IDK,parts of the south definately seem like a foreign country.

seriously,I would only use it as a drop tank for a few days and nothing more.even cherries are suggested to have ten gallons for spawning.


----------



## automatic-hydromatic (Oct 18, 2010)

majerah1 said:


> IDK,parts of the south definately seem like a foreign country.

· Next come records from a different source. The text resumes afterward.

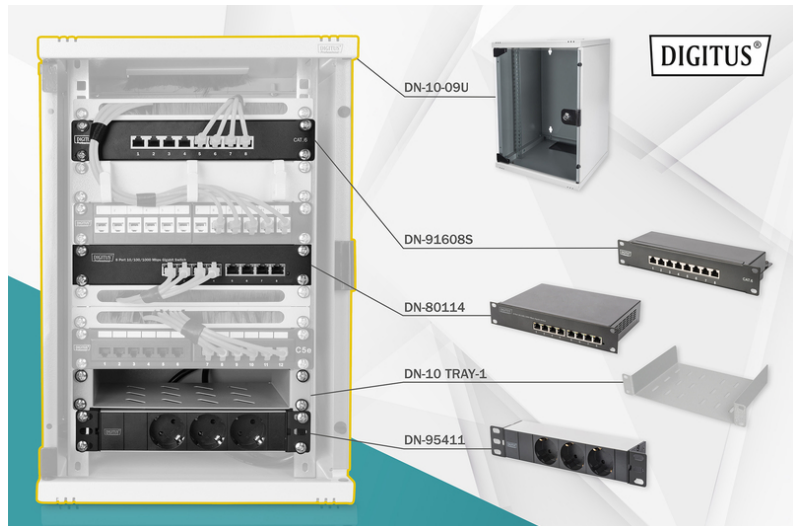

DIGITUS Set di rete 254 mm (10")

DN-10-SET-2
EAN 4016032455370

Set di rete 10 pollici, incl. alloggiamento a parete 9HE Mensola, PDU, switch 8 porte, patch panel CAT 6

In ambiente privato, in ufficio o la distribuzione secondaria con spazi ridotti: Con le soluzioni compatte da 254 mm (10") potete installare la vostra rete dove volete. Gli alloggiamenti a parete disponibili in tre unità rack (6U, 9U, 12U) in questi set di rete vengono integrati con componenti perfettamente adattati tra loro per garantire un cablaggio IT idoneo all'uso in modo rapido e semplice. L'armadio di rete e gli accessori (ad es. switch, pannello patch, presa multipla, mensola, pannello di ingresso cavi, cavo patch ecc.) vengono consegnati in una scatola di cartone compatta.

Set completo per la realizzazione di una rete compatta da 254 mm (10"), incl. armadio, mensola, presa multipla, switch, patch panel

- Dimensioni dell'alloggiamento a parete (Alt. x Largh. x Prof.): 464 x 312 x 300 mm
- Presa multipla con 3 prese munite di messa a terra 250VAC 50/60Hz / 16A / 1000W
- Presa multipla con alimentazione 2 m H05VV-F 35 1,5 mm² dotata di spina munita di messa a terra
- Lo switch soddisfa gli standard di rete IEEE 802.3, IEEE 802.3u, IEEE 802.3ab e IEEE 802.3x

- Patch panel per intervalli di applicazione fino a 250 MHz, 1GBase-T
- Installazione cavo su patch panel mediante barre LSA, codifica del colore secondo EIA/TIA 568 A & B
- Capacità di carico: 30 kg
- Colore: grigio chiaro, RAL 7035
- Larghezza: 312 mm
- Pannelli laterali: Entrambi i lati
- Porta anteriore: Porta in vetro, apertura singola
- Profondità: 300 mm
- Tipo di armadio: Armadio a parete
- Unità: 9
- Classe di protezione IP: IP20
- Installato: sì

lol, we have our own ecosystems down here... there's some crazy creatures living in these here swamps


----------



## Kibblemania1414 (Feb 13, 2011)

Lol, when he said north america i meant north of north america. Lol


----------



## automatic-hydromatic (Oct 18, 2010)

oh gotcha


----------



## Kibblemania1414 (Feb 13, 2011)

Ya, do you know any other good fish to breed for a 2 gallon??


----------



## Kibblemania1414 (Feb 13, 2011)

bump


----------



## Kibblemania1414 (Feb 13, 2011)

any ideas?


----------



## mec102778 (Feb 17, 2011)

2 gallons, I'm clueless. Which isn't anything new where fish keeping is concerned. Shrimps maybe?


----------



## fishlover2000 (Feb 27, 2011)

Maybe two (2) mollies or female or male guppies. But u should look in on getting a bigger tank. Or one male betta or just 2 female bettas! Its hard to say with a 2 gallon tank


----------



## Vince (Dec 10, 2010)

I'm breeding guppys in a a 2 gallon tank and doing very well ...........I take fry out as they are born put them in different tank. 
Some of them have matured and they are breeding now.


----------



## Kibblemania1414 (Feb 13, 2011)

nice!! thats what i was going to do for my 10 gallon, breed guppies. thanks everybody!!


----------



## dafrimpster (Mar 23, 2011)

Heterandria Formosa would work well in a 2g tank.


----------